By Sharon Omahen
University of Georgia
Typically, the work of Gary Pederson's staff goes unnoticed and unappreciated. But if the unthinkable should ever happen and all the crops in the United States had to be replenished, they would be overnight heroes.
Pederson heads the Plant Genetic Resources Conservation Unit of the U.S. Department of Agriculture's Agricultural Research Service. The unit is on the University of Georgia College of Agricultural and Environmental Sciences' Griffin, Ga., campus.
Facilities across the nation
The USDA-ARS plant germ plasm system includes a main seed storage facility in Fort Collins, Colo., and repositories like the one in Griffin in Geneva, N.Y.; Pullman, Wash.; and Ames, Iowa. Collectively, these facilities serve as a modern-day Noah's ark for crops worldwide.
"The reality behind why our facility is here and why it's funded is to preserve genetic variability of crops for use today and in the future," Pederson said. "We currently house more than 82,000 seed or germ plasm samples of more than 1,430 crop species from more than 180 countries."
Pederson hopes the seeds will never be lost. Nonetheless, he makes sure every crop on his list is backed up. It's a lot like backing up your computer's hard drive.
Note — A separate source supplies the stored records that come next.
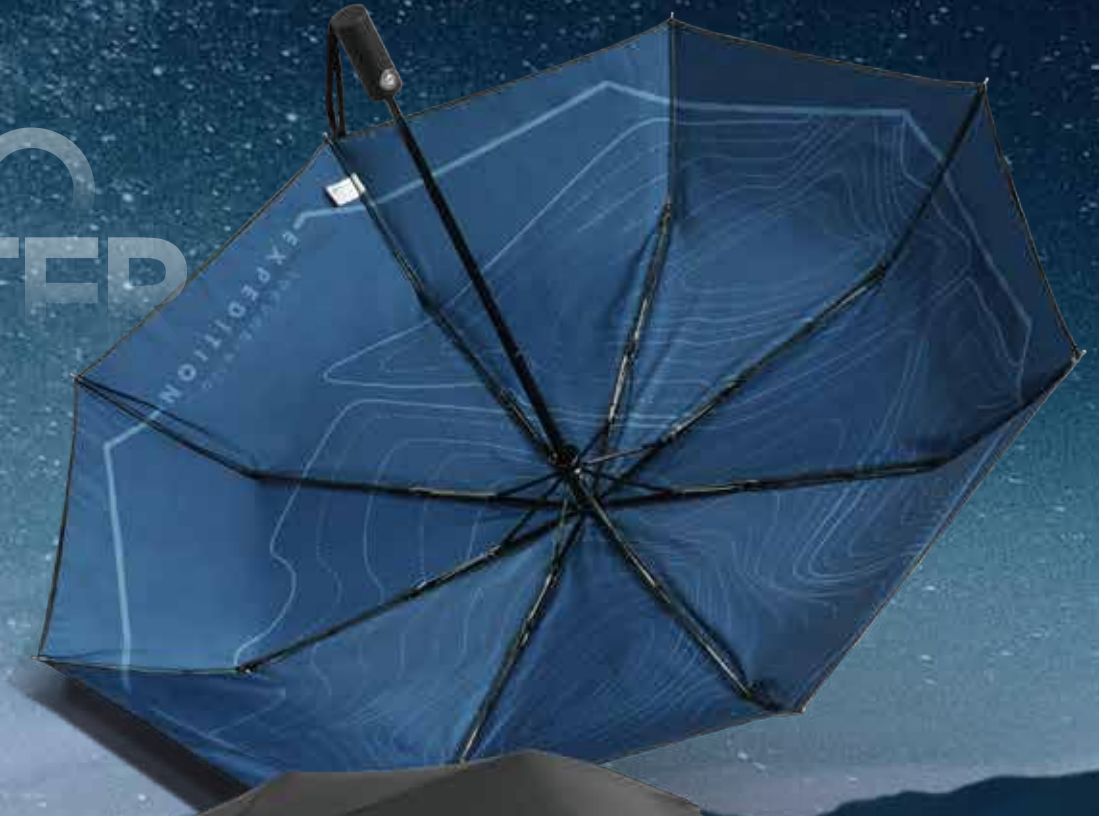

Topumbrella®

DDO
WATER

EXPEDITION

AOC Double-Layer 3-Fold Umbrella
No.TU304

- Double Layers
- Sun & Rain
- Auto Open & Close

Specification

Rib Length	58.5cm
Canopy Diameter	105cm
Closed Length	31.5cm
Number of Panels	8
Weight	460g
Type	3-Fold
Canopy	210T Pongee
Handle	Plastic
Ribs	Fiberglass+Aluminum
Shaft	Aluminum
Packaging	24PCS/CTN, 42×32×20CM, 12.04KG

"Long-term preservation of these materials is something everyone sees value in," he said. "If we had to stock our facility today, we couldn't do it. Many of these samples were collected years ago throughout the world. Today, the native plants may no longer be found in these areas, or access may be difficult."
The seed bank is stored either as seeds or as germ plasm or "plantlets."
"Most of our collection is stored as seeds," Pederson said. "But we also store tissue cultures of crops like sweet potatoes. We actually have 700 cultures of sweet potatoes alone."
Stored in freezers and refrigerators
Seeds are stored either at refrigeration (40 degrees Fahrenheit) or freezer temperatures (zero degrees).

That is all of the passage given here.